Filter the listing down to the lines containing the word "Only".

**Data supplied:**
──────
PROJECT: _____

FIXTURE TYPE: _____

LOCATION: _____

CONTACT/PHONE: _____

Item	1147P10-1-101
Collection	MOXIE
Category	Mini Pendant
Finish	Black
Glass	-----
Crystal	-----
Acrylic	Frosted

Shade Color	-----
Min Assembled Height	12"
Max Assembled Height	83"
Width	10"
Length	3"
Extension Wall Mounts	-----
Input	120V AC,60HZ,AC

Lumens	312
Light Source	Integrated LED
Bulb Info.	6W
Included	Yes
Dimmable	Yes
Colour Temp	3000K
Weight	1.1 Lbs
──────
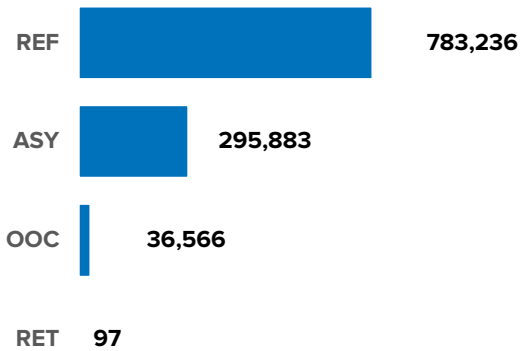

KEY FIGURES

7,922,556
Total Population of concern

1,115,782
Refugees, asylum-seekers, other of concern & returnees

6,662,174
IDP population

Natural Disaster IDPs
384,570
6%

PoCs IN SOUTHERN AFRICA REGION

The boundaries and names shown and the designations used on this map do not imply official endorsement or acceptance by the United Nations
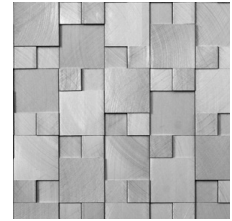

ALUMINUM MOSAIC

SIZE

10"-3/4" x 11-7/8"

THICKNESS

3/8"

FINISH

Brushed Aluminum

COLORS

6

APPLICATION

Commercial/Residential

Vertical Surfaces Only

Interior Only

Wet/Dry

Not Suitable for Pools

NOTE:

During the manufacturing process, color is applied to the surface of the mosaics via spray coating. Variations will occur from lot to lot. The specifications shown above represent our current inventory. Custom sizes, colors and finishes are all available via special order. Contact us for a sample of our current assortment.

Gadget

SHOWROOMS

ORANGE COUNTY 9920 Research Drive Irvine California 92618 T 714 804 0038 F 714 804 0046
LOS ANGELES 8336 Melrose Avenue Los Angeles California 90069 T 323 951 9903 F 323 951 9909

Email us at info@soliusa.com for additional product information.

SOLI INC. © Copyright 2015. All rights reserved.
──────
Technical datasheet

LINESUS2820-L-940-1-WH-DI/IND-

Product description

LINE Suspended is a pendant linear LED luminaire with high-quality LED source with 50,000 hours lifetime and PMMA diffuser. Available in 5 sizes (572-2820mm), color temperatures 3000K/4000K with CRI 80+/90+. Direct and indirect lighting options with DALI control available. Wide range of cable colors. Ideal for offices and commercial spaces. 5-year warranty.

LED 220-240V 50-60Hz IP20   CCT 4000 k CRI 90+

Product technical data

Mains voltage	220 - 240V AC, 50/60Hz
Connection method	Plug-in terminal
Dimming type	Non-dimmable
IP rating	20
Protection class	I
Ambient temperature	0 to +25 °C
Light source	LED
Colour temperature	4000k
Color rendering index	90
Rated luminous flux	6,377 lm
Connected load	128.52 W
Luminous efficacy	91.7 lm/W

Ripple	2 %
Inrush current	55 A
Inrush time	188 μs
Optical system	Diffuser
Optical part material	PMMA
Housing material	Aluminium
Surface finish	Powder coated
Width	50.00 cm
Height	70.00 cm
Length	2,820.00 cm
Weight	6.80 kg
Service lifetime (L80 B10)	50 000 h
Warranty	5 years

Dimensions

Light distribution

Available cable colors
──────
**Task answer:**
Vertical Surfaces Only
Interior Only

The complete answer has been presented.